Widely Available Drug May Help Treat ALS
An antibiotic commonly prescribed for acne may slow the development of ALS, also known as Lou Gehrig's disease, according to a study conducted at the McGill University Health Centre Research Institute.
An antibiotic commonly prescribed for acne may slow the development of ALS, also known as Lou Gehrig's disease, according to a study conducted at the McGill University Health Centre Research Institute. The study found that the antibiotic minocycline delays the onset and progression of disease in a mouse model of ALS. The research, co-authored by Jasna Kriz, Minh Dang Nguyen and Jean-Pierre Julien, will be published in the June issue of the journal Neurobiology of Disease.
A steadily progressive and fatal neuromuscular disease, ALS erodes a person's motor neurons, eventually leading to total paralysis and the inability to speak or swallow. People with ALS usually die within two to five years of diagnosis. Little is known about the cause of ALS and there is no cure. It is a disease of national importance, affecting between 1,500 to 2,000 people in Canada at any one time. Two to three Canadians a day die of ALS.
"The analysis that was carried out by Jasna Kriz clearly demonstrates that minocycline delays the onset of neuronal loss and prolongs life in ALS-mice," says Professor Jean-Pierre Julien, principal investigator of this study. "Minocyline is potentially more effective than other treatments currently available and it has no adverse side effects. Our results clearly indicate that the next step is to commence clinical trials."
Dr Julien's discovery is funded by a unique partnership between the ALS Society of Canada and the Muscular Dystrophy Association of Canada (MDAC), This partnership, in collaboration with the Canadian Institutes of Health Research (CIHR), has funded over $6 million of neuromuscular research in the past two years.
"As there is currently little effective pharmacological treatment for ALS, this breakthrough research provides hope, where there has been little, to those who are living with ALS and their families," says Suzanne Lawson, National Executive Director for the ALS Society of Canada. "We are pleased that research, funded by our collaborative initiative with MDAC and CIHR, has resulted in such an important discovery that will significantly impact future ALS research."
The MUHC study compared the life span, muscle strength, neuronal loss and inflammatory response in ALS-mice that were fed a regular diet with those given food containing minocycline. The mice fed the minocycline lived substantially longer, had a delayed onset of neuronal and muscle deterioration, and a noticeably reduced inflammation of their brains.
"This is very exciting news for CIHR," says Dr. Alan Bernstein, President of the Canadian Institutes of Health Research (CIHR). "Dr. Julien's discovery is an excellent example of how innovative outreach partnerships, such as this one between the ALS Society and MDAC, can work. I congratulate Dr. Julien and his team for their important discovery that offers the promise of better health for ALS patients."

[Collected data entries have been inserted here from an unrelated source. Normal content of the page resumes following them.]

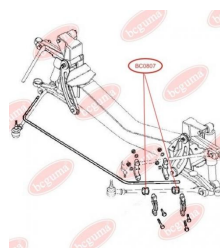

**ЗАСТОСУВАННЯ:**

IVECO

BC0808

ПИЛЬОВИК НАПРАВЛЯЮЧОЇ ПЕРЕДНЬОГО І ЗАДНЬОГО ГАЛЬМІВНОГО ЦИЛІНДРА

www.bcguma.ua/auto/BC0808

Артикул:	BC0808
GTIN-13:	4823101801378
Номери інших виробників (ОЕМ):	93161848
Вага, г:	2
Необхідна кількість:	-
Деталей в упаковці:	1
Зовнішній діаметр, мм:	19.0
Внутрішній діаметр, мм:	12.5
Товщина, мм:	23.5
Матеріал:	Гума МБС
Вісь установки:	-
Сторона установки:	-
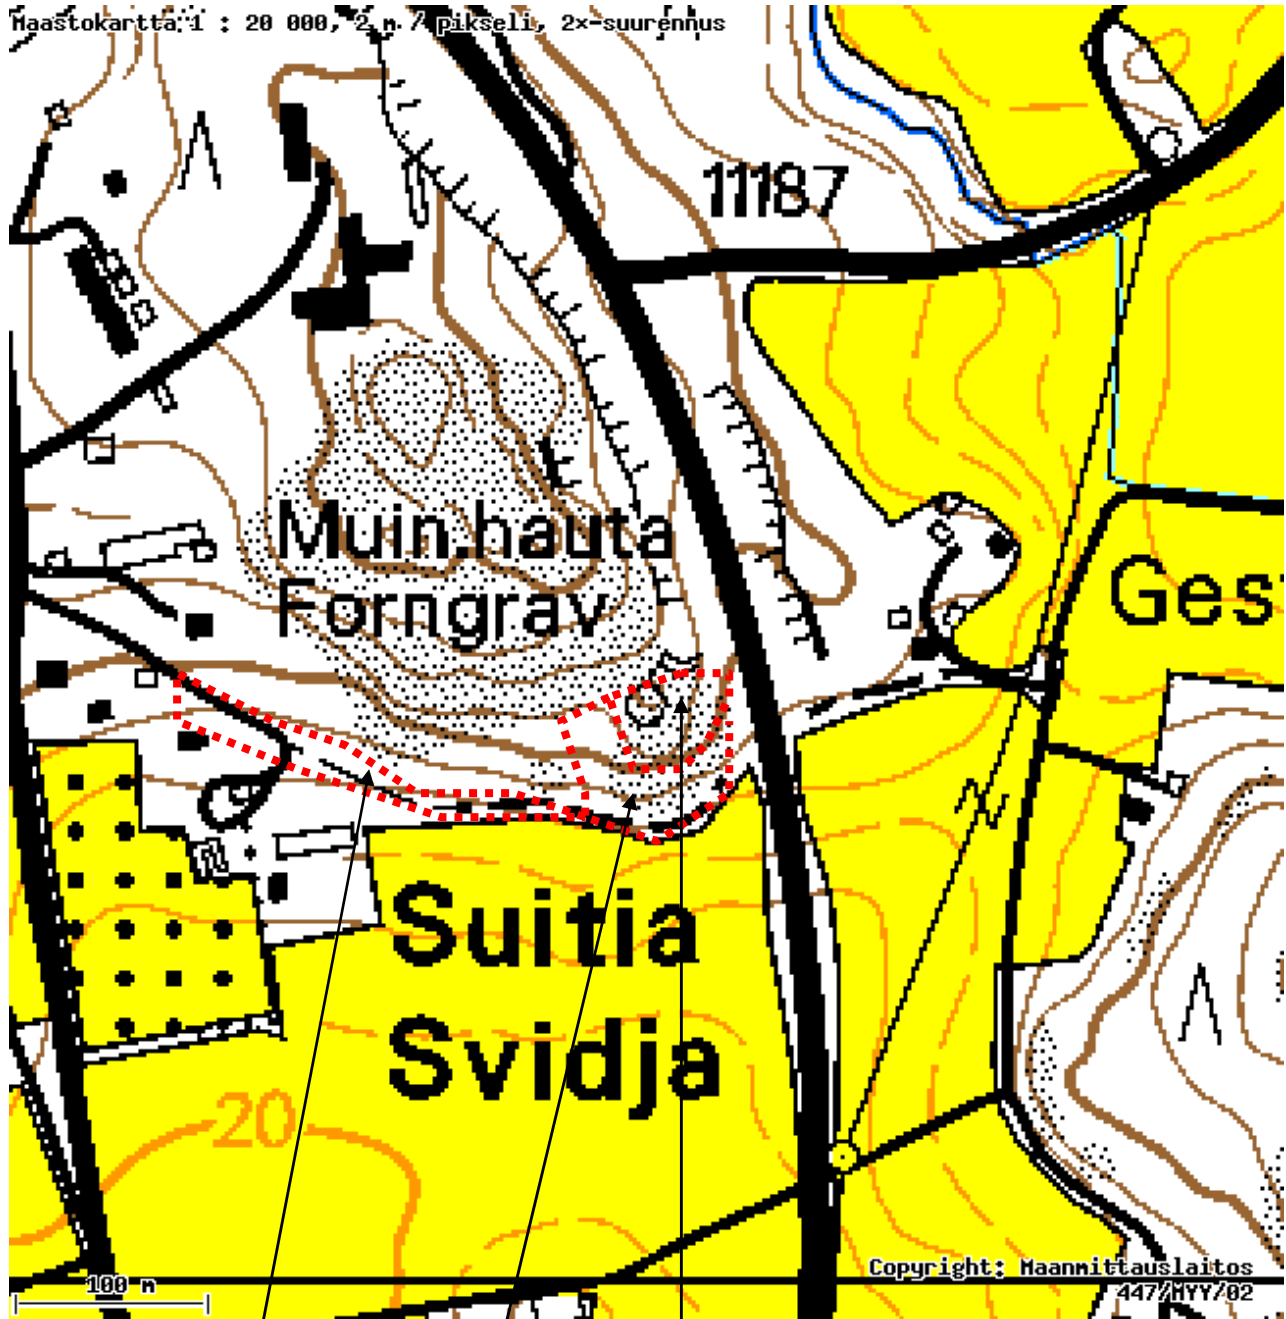

Siuntio Ekeberga

Osa-alue-rajaus

1

Päivi Maaranen 28.8.2009, Museovirasto

Maastokartta: 1 : 20 000, 2 n. 7 pikseli, 2x-suurennus

3

2

1

"Canadian scientists continue to contribute advances in research so that anticipation is now greater than ever that the next few years will provide genuine effective therapeutic approaches for many neuromuscular disorders," said Dr. Eric Shoubridge, professor of neurology and neurosurgery at the Montréal Neurological Institute and Chair of the Medical and Scientific Advisory Committee of the Muscular Dystrophy Association of Canada. "The excellent work of my colleague Dr. Julien greatly furthers this cause."
"We initiated this study because we suspected that the inflammation in the brain contributes to the disease process. In addition to being an antibiotic, minocycline demonstrates anti-inflammatory properties. Thus by attenuating the inflammatory response, minocycline was able to delay the onset of the disease and consequently prolong the life of these animals," says Julien.
About the Muscular Dystrophy Association of Canada
Canadians with neuromuscular disorders have a right to enjoy a good quality of life as independent, mobile, productive and fully contributing members of Canadian society. Since 1954 the Muscular Dystrophy Association of Canada has been funding leading research to find therapeutic approaches to neuromuscular disorders. Until then the Association is committed to providing vital services, information and hope to tens of thousands of Canadians affected by these disorders.
About the ALS Society of Canada
The ALS Society of Canada is a national voluntary organization dedicated solely to those affected by ALS, raising funds for research and supporting quality care for persons affected by ALS. The ALS Society has partner units in every Canadian province. The ALS Society of Canada has funded research by Dr. Julien for more than five years. This year marks the 25th anniversary of the ALS Society.
About the Canadian Institutes of Health Research
CIHR is Canada's premier agency for health research. Its objective is to excel, according to internationally accepted standards of scientific excellence, in the creation of new knowledge and its translation into improved health for Canadians, more effective health services and products,
and a strengthened health care system.